2. The company's brochure makes the following statement: XXXXX.
3. Product A ingredients are: XXXXX.
4. Product A is supplied in powder format in a XXXXX g container.
5. Product A label states: XXXXX.
6. Product A label states: XXXXX.
7. Product B ingredients are: XXXXX.
8. Product B is in powder format and is supplied in a XXXXX g container.
9. Product B label states: XXXXX.
10. Product B label states that it is: XXXXX.
11. Product C ingredients are: XXXXX.
12. Product C is supplied in a XXXXX g container.
13. Product C label states: XXXXX.
14. Product C label states: XXXXX.
15. Product D ingredients are: XXXXX.
16. Product D is supplied in a XXXXX ml bottle.
17. Product D label states: XXXXX.
18. Product D label states: XXXXX.
19. Product E ingredients are: XXXXX.
20. Product E is labelled as XXXXX bar weighing XXXXX g and is available in XXXXX flavour.
21. Product E label states: XXXXX.
Ruling Requested
What is the GST/HST status of the products?
Ruling Given
Based on the facts set out above, we rule that the supply of Products A, B and E are taxable at 7% GST or 15% HST, as applicable, pursuant to section 165 of the Excise Tax Act (ETA). We rule that the supply of Products C and D are zero-rated pursuant to section 1 of Part III of Schedule VI to the Excise Tax Act.
This ruling is subject to the general limitations and qualifications outlined in section 1.4 of Chapter 1 of the GST/HST Memoranda Series. We are bound by this ruling provided that none of the above issues is currently under audit, objection, or appeal; that there are no relevant changes in the future to the Excise Tax Act (ETA), or to our interpretative policy; and that you have fully described all necessary facts and transaction(s) for which you requested a ruling.
Explanation
Taxable supplies of goods and services made in Canada are generally subject to tax at 7% GST or 15% HST, as applicable. However, "zero-rated" supplies of goods and services are subject to tax at 0%. A zero-rated supply is any supply included in Schedule VI to the ETA.
Section 1 of Part III of Schedule VI to the ETA zero-rates supplies of food or beverages for human consumption (including sweetening agents, seasonings and other ingredients to be mixed with or used in the preparation of such food or beverages) unless one of the exclusions set out in paragraphs 1(a) through 1(r) applies.

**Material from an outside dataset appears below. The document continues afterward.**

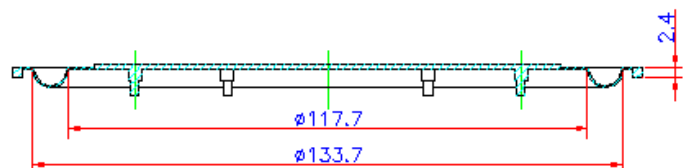

Diafragma DLDBD-22570

The terms "food" and "beverage" are not defined in the ETA. However, the position of the Canada Revenue Agency (CRA) is that these terms are to be construed according to their ordinary meaning. That is, a food or a beverage is a good that an average consumer would recognize and purchase as such in the ordinary course of buying basic groceries. Products that meet special dietary needs of certain segments of the population such as those with restricted or special purpose diets, high performance athletes and dieters may not necessarily be viewed as a food or a beverage.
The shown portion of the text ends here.